Instructions to follow:
The full listing, excluding its pictures, should be printed exactly as it stands.

Materials provided:
##############################
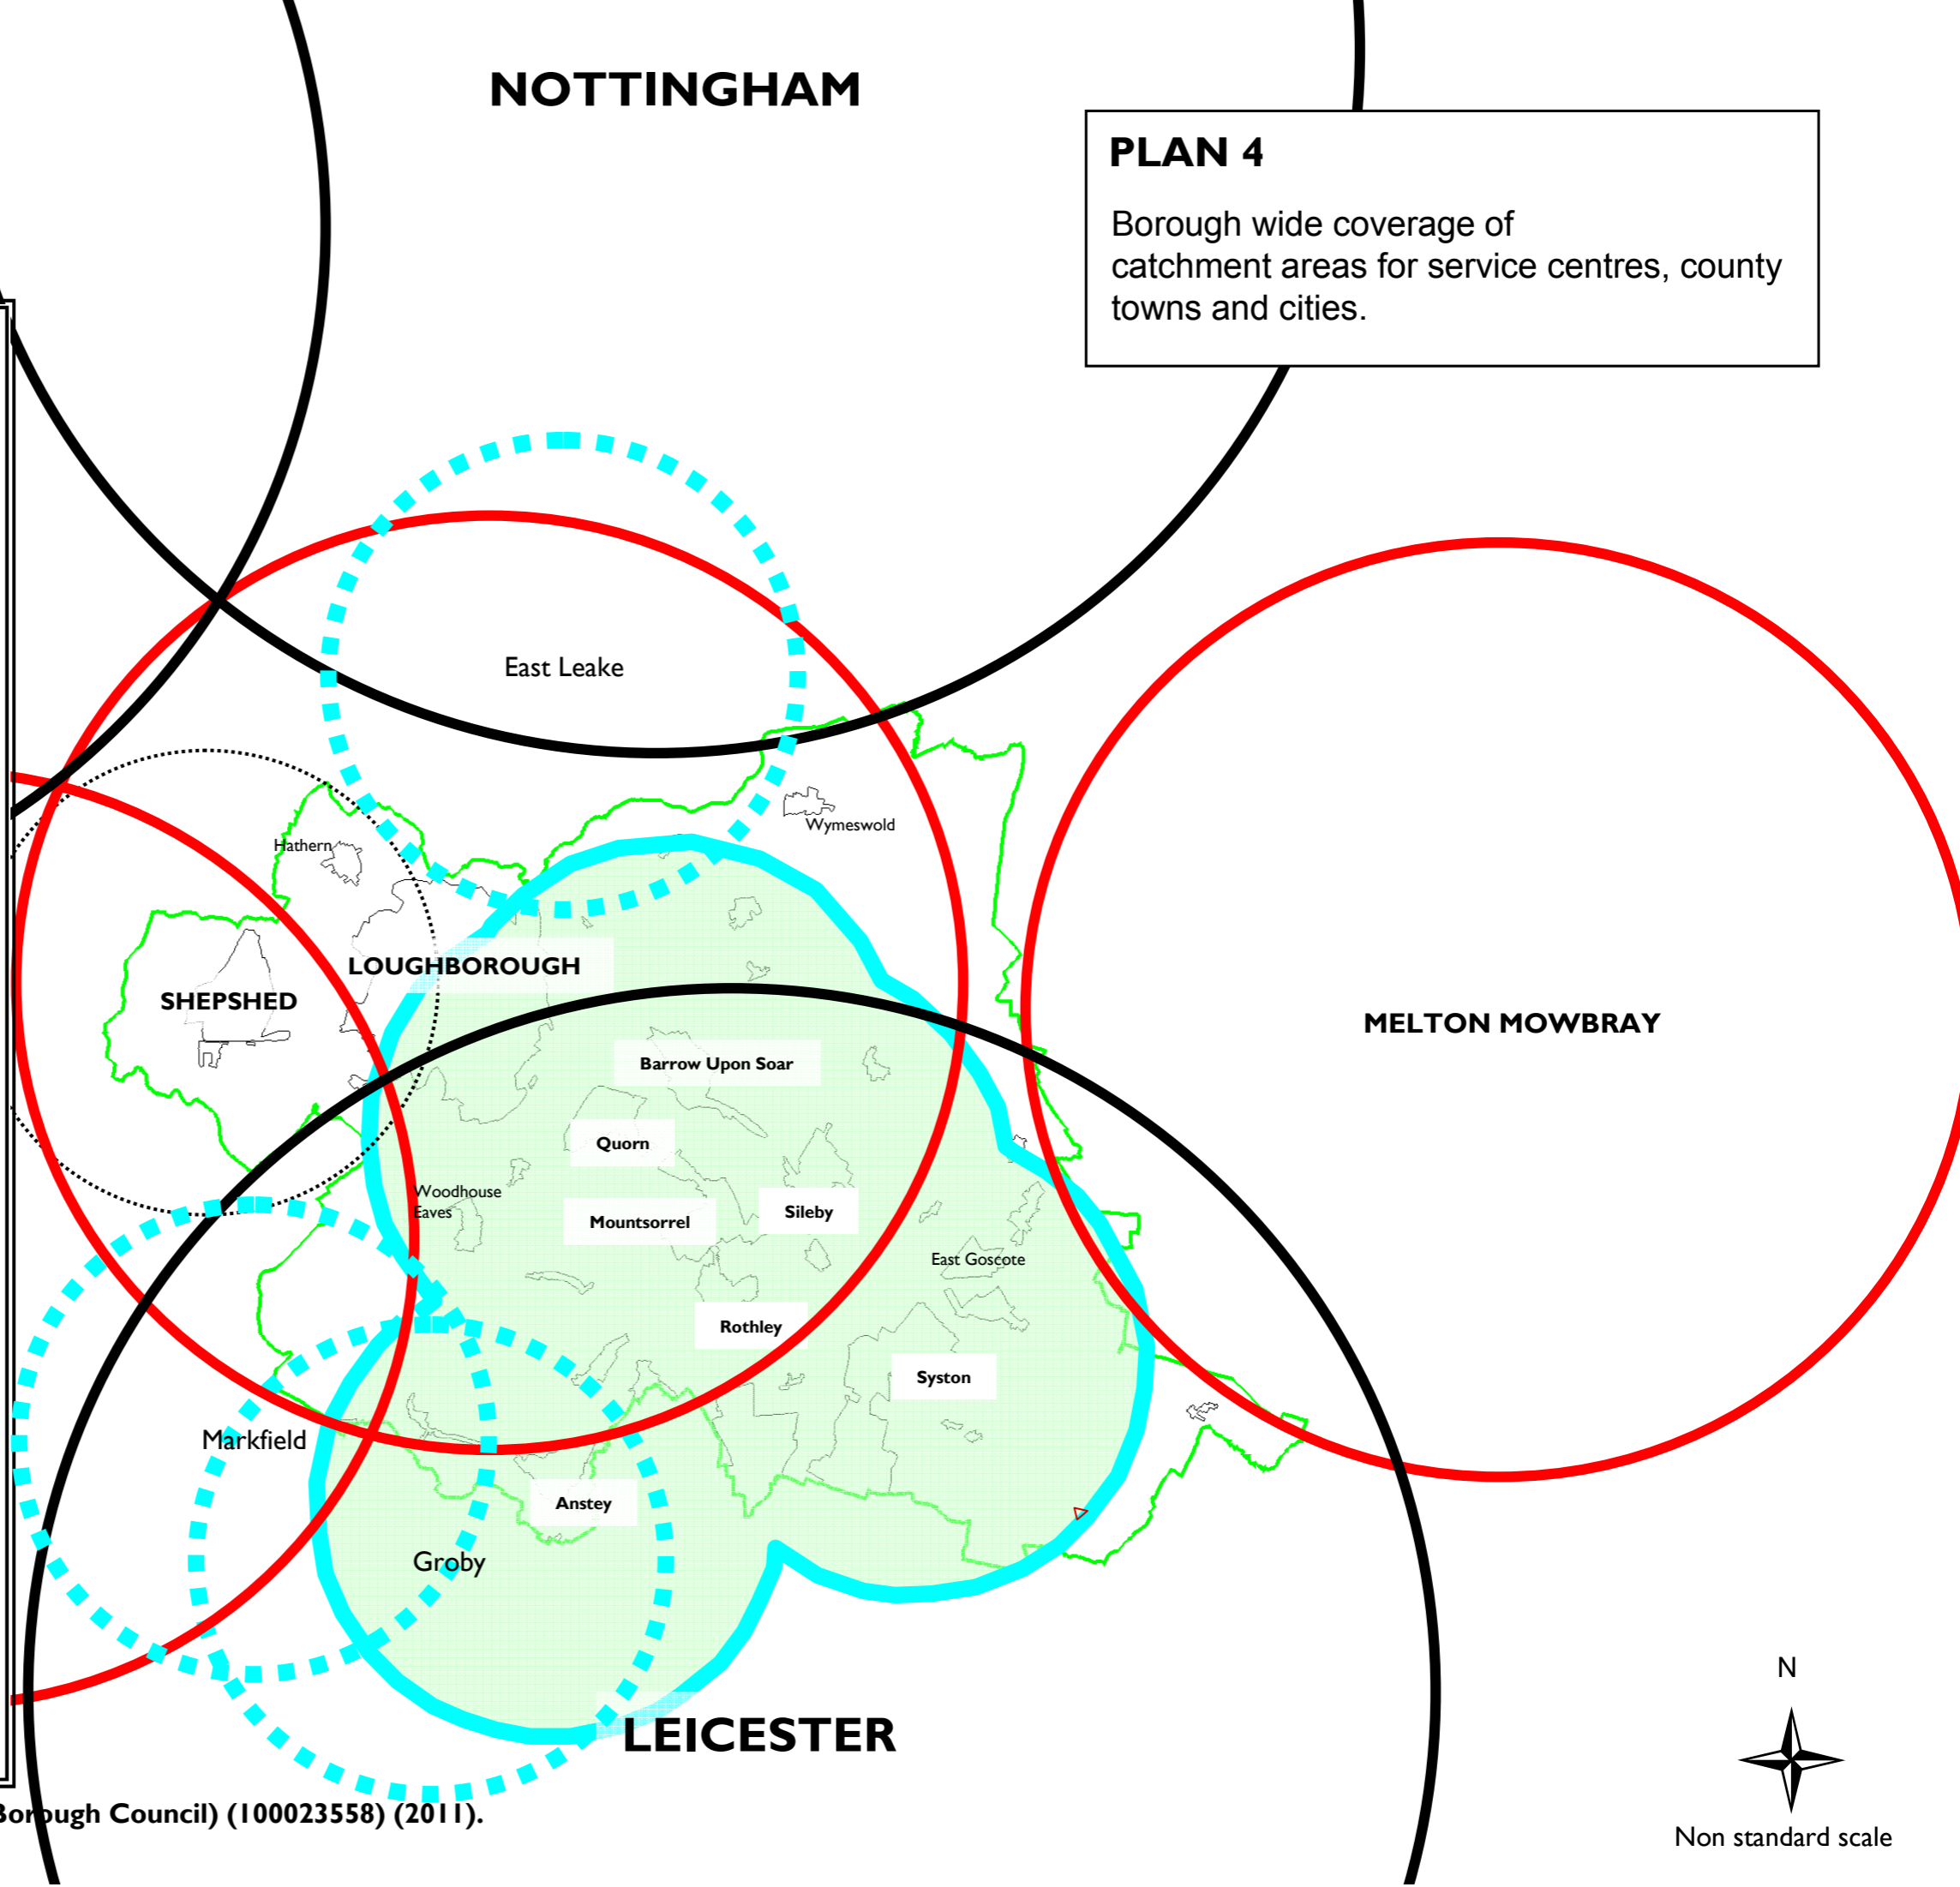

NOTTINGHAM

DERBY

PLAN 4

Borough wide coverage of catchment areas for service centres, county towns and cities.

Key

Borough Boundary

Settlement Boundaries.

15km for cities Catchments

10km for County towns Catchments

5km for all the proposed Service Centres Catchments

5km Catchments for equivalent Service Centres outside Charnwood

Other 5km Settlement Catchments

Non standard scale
##############################
Solution below:
NOTTINGHAM

DERBY

PLAN 4

Borough wide coverage of catchment areas for service centres, county towns and cities.

Key

Borough Boundary

Settlement Boundaries.

15km for cities Catchments

10km for County towns Catchments

5km for all the proposed Service Centres Catchments

5km Catchments for equivalent Service Centres outside Charnwood

Other 5km Settlement Catchments

Non standard scale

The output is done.